A task-Based multithread crawler framework for simple-minds.
=====
Version 1.0 beta.
#Features of version 1.0
- freaking task-based, 基于任务
- less network-panic 不需要拘泥于网络的细节,包括错误处理和重试
- more handlers 需要关心handlers,也就是你处理爬到的内容的逻辑实现
- simple http-controling(not implemented yet)-monitoring 基于http的监控和(控制)接口
- mess logs 不止一坨日志
- abysmal bugs maybe 可能潜在的一堆bugs
#Installation
- python 2.7
- And,
while running not OK:
check what you are lacking of
add them..
- Copy the dir to the place you want.
- Done.
#Try Demo
demo是挖voa的内容,但是voa的内容是被GFW认证的,所以你假如要试用的话,请先确认你的服务器能够连接到 http://learningenglish.voanews.com/
[cheungzee@pn-206-246 iPapa_voa]$cd bin
[cheungzee@pn-206-246 bin]$ls
AudioHandler.py ClassPageHandler.pyc ContentPageHandler.pyc PicHandler.py setup.py
AudioHandler.pyc ContentMp3PageHandler.py MainPageHandler.py PicHandler.pyc setup.pyc
ClassPageHandler.py ContentPageHandler.py MainPageHandler.pyc run.py
[cheungzee@pn-206-246 bin]$python run.py
wget localhost:28282
or type in localhost:28282 in your favourite broswer.

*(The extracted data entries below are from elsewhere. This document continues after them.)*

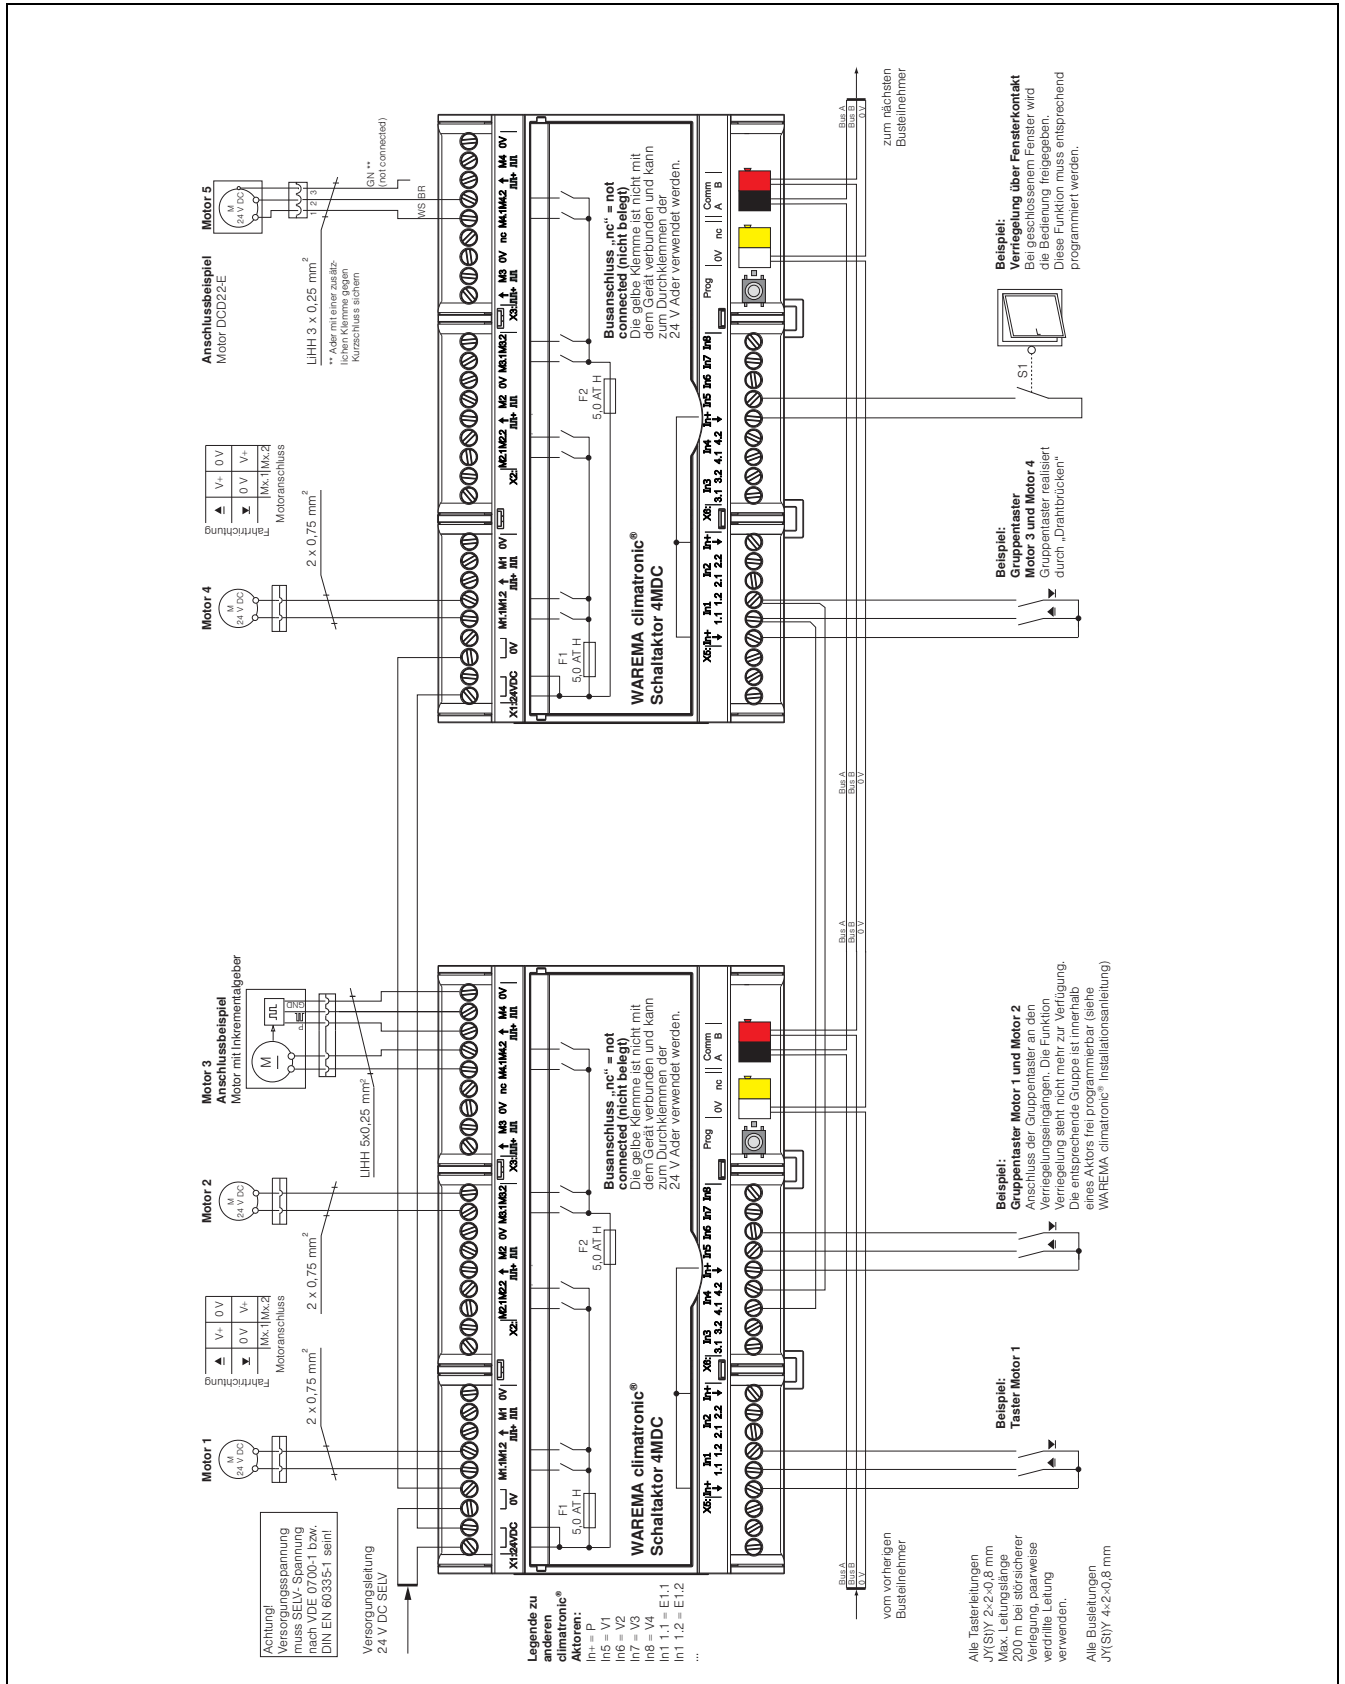

Beschreibung

WAREMA climatronic®

WAREMA climatronic® Schaltaktor 4MDC AP/REG

Anschlussplan

Abb. 109: Schaltaktor 4MDC AP/REG
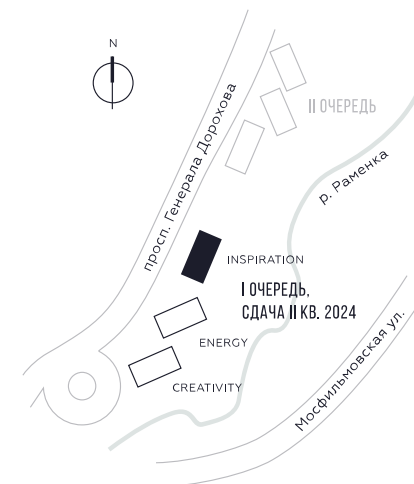

WILL TOWERS. Я БУДУ.

КВАРТИРА №1674
КОРПУС INSPIRATION

2 СПАЛЬНИ

ЭТАЖ

32

ПЛОЩАДЬ

74.3 КВ. М

СТОИМОСТЬ

26 805 656 РУБ.

ВИДЫ
ПР-Т ГЕНЕРАЛА ДОРОХОВА
ДОЛИНА РЕКИ РАМЕНКИ

ЖДЕМ ВАС В ОФИСЕ ПРОДАЖ ПО АДРЕСУ: МОСКВА, ЗАО, РАМЕНКИ, ПРОСПЕКТ ГЕНЕРАЛА ДОРОХОВА.
КОЛЛ-ЦЕНТР РАБОТАЕТ ЕЖЕДНЕВНО С 9:00 ДО 21:00

+7 495 023 26 52
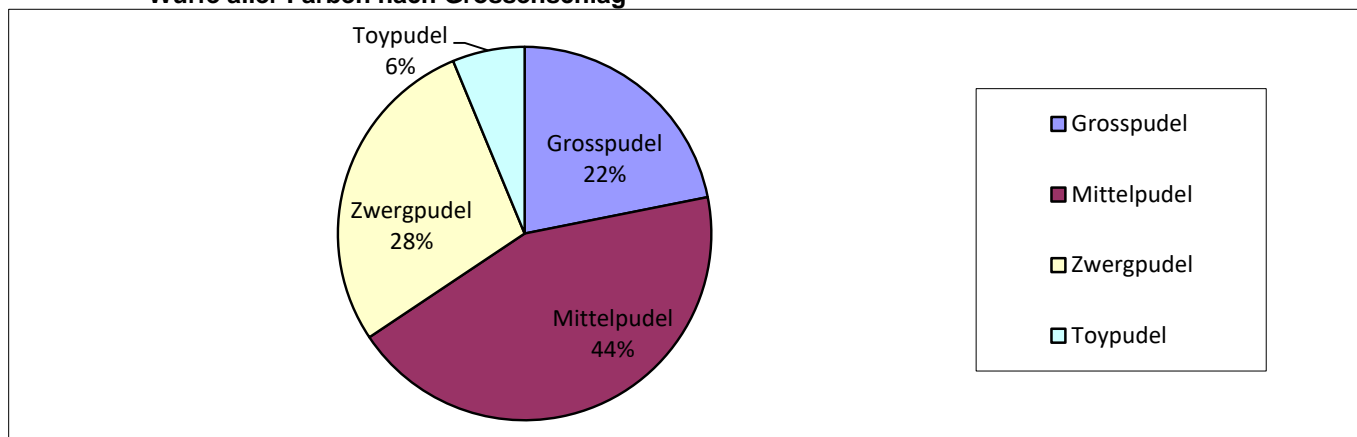

Schweizerischer Pudel-Club SPC - Zuchtstatistik 2016

Würfe / Welpen

	Würfe	Total Welpen	Schwarz	Weiss	Braun	Silber	Fauve	Black/Tan	Harlekin
Grosspudel	7	49	14	7	15	8	5	0	0
Mittelpudel	14	69	32	10	5	9	10	3	0
Zwergpudel	9	30	15	0	8	2	5	0	0
Toypudel	2	3	0	0	0	0	3	0	0
Total 2016	32	151	61	17	28	19	23	3	0
Total 2015	34	146	58	8	19	31	30	0	0
Vgl. 15/16	-2	5	3	9	9	-12	-7	3	0

Im 2016 gedeckte, jedoch leer gebliebene Hündinnen: 6

Würfe aller Farben nach Grössenschlag

#Play it to the beat(not finished yet)
There are status of the task noted by task.status,
- new
- down
- downed
- parsing
- done
- failed
- "page", we will get it once in worker, and put it in task['__data']. 对于page类型的task,worker实例会调用Fetcher 实例来一次性下载task.url指向的内容,并将内容保存到task['__data']中
- "media", we may download it to the task.dest palce with serveral times, 5MB a chunk for each time. 对于media类型的task我们会进行分块下载,每次5MB,下载到task.dest指定的路径中
- only task['_data'] is used by the framework. 我们仅仅使用_data 作为task的保留关键字。
- Check our demo run.py
- Read the code
def __init__(self, taskId, #taskId
status='new', #status
url='', #url
handler='common', #call which handler to handle it in parsing stage
handleBy='', #like a stamp saying, I am handling by which one...

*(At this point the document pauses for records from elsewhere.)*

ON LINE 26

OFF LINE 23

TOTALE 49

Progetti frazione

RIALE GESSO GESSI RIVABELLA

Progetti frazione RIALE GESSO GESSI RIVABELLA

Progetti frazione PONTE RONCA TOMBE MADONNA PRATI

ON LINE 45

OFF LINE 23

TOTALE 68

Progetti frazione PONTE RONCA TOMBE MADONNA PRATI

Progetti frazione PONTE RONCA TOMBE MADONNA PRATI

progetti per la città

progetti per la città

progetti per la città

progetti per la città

repeatTime=0, #not implemented yet, when this task failed, shall we put it into the WorkManager.inQueue for a new birth.
tryTimes=3, # retry times if got erroes in fetching the url
waitTime=30, # set timeout as waitTime in fetching the url
taskType='page', # page or media?
msg='new', #sth. like testament of the task...
postdata={}, #if the request is a post request.
data={}, #data in 'data' will be in task like values in a dict
ref='', #ref url
dest='') #put file in the dest, if the taskType is media
take cares of the threads, counters, queues, and blablabla, plz see the code and demo for details.
- WorkManager.inQueue type: Queue.Queue(), we put new tasks in it.
- WorkManager.outPQueue type: Queue.Queue(), Parser put the processed tasks in it.
- WorkManager.wThreads type: list, list of worker threads.
- WorkManager.pThreads type: list, list of parser threads.
- WorkManager.cThread controller thread, providing http interface for monitoring.
- WorkManager.activeTasks type list, storing the active tasks for referencing.
- WorkManager.start(self) start the crawler frame
- WorkManager.packTask(self, task) pack a task by setting the task.id
- WorkManager.addTask(self, task) add a task in self.inQueue and self.activeTasks
- WorkManager.rmTask(self, task) rm a task from self.activeTasks.
- Get a new task from the inQueue of WorkManager.
- Set the task.status as "down".
- Begin to fetch/download the data pointed by task.url into task.dest or task['__data'].
- Set the task.status to be "downed" or "failed".
- Put the task into WorkManager.outQueue, i.e., WorkManager.inPQueue.
- Get a new task from the WorkManager.inPQueue.
- Parse it from task['__data'] for "page" task / do checking moving jobs for the "media" type task.
- Set the task.status into "done" or "failed".
- Put it into the WorkManager.outPQueue.